Normally I’m not a “TGIF” kind of guy. I enjoy work, I love digging in to the databases to make things better. This week we rolled out some new technology to virtualize some of our systems. This is the second round of these upgrades, the first having gone off without a hitch.
This week, after the new hardware was installed, configured, and the systems virtualized we noticed a severe decrease in performance. It was one of those situations where every theory had an outlier that prevented it from being the right theory! 2 of the 3 virtualized servers were bad, 1 was good. 2 of the 3 systems left alone were ok, 1 was not. The SQL Server instance that wasn’t touched was now crawling with almost no waits & almost no I/O in use.
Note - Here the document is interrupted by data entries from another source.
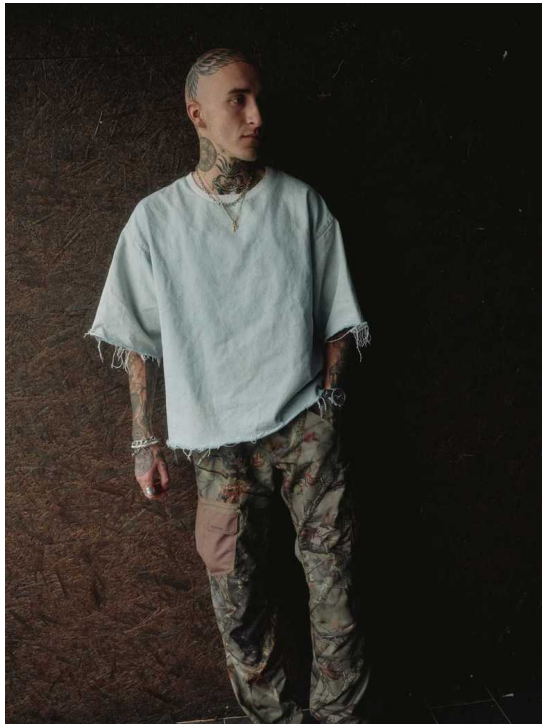

ANITO

HEIGHT 185 BUST 0 WAIST 0 HIPS 0 SHOES 0 SUIT 0

**no toys
modelagency**

ANITO

**no toys
modelagency**

ANITO

**no toys
modelagency**

ANITO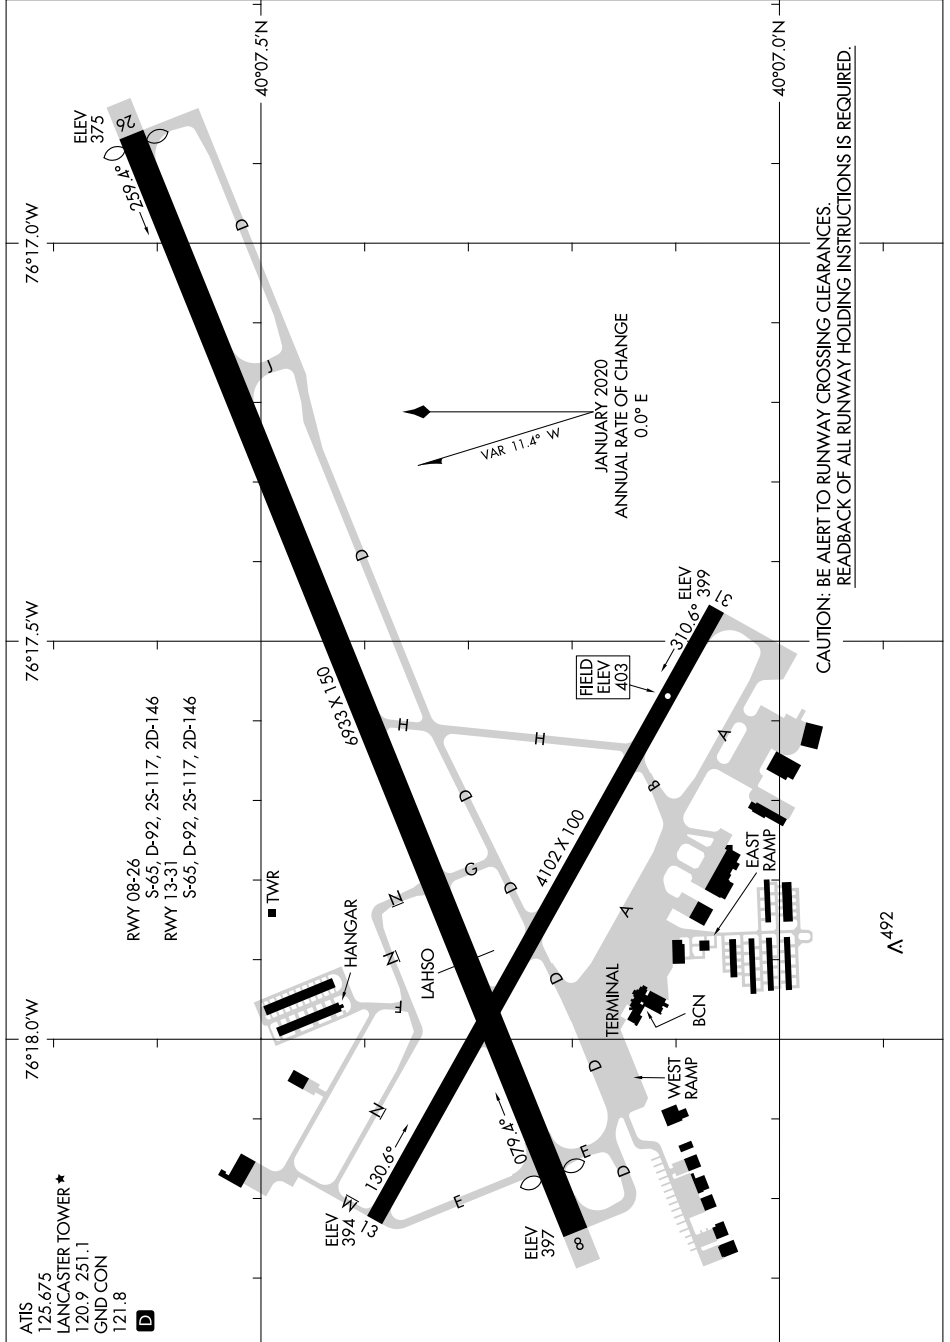

AIRPORT DIAGRAM

AL-927 (FAA)

LANCASTER (LNS)
LANCASTER, PENNSYLVANIA

NE-4, 31 OCT 2024 to 28 NOV 2024

CAUTION: BE ALERT TO RUNWAY CROSSING CLEARANCES.
REARBACK OF ALL RUNWAY HOLDING INSTRUCTIONS IS REQUIRED.

NE-4, 31 OCT 2024 to 28 NOV 2024

AIRPORT DIAGRAM

LANCASTER, PENNSYLVANIA
LANCASTER (LNS)

I LOVE the vast amounts of information available to us in times of crisis. My boss, even though everything was going crazy, wanted me to figure out why SQL Server was not running well. We have a few batch processes that copy data from one database to another, and this was backed up. We couldn’t understand why this was slow given both databases were in the same instance, and neither had been changed.
First thing I did was check the Activity Monitor (not actual image)
Avg % Processor Time (< 15%)
Waiting Tasks (2-5)
Database I/O (0-2 MB/sec)
Batch Requests /sec (<2000)
Everything looked fine. On to Waits
I can’t thank Brent Ozar enough for being the go to guy in all situations, but in this case I relied on http://www.brentozar.com/sql/wait-stats/ for a guide to resources to help me. Reading through his list and using some of the queries it contains helped me get at the meat of the server.
I also used “Wait statistics, or please tell me where it hurts” by Paul Randal which, when combined with Brent’s guides & scripts allowed me to tell my boss that I was 90% sure NOTHING was wrong with SQL Server. I felt the problem was that the batches weren’t getting TO SQL.
The network guys couldn’t find anything wrong with the network.
In the end we reverted the changes, restoring the virtualized servers back to their physical machines & all returned to normal operation. Obviously we want to go forward with the virtualization, but first we’ll have to figure out what went wrong.
So all in all, a long, semi-stressful day. Even at 90% confidence I was right, I was terrified of the 10% chance I had missed something. So here it is Friday, a weekend at the camp with beer and hopefully some golf is looming, and I can’t wait to get to it!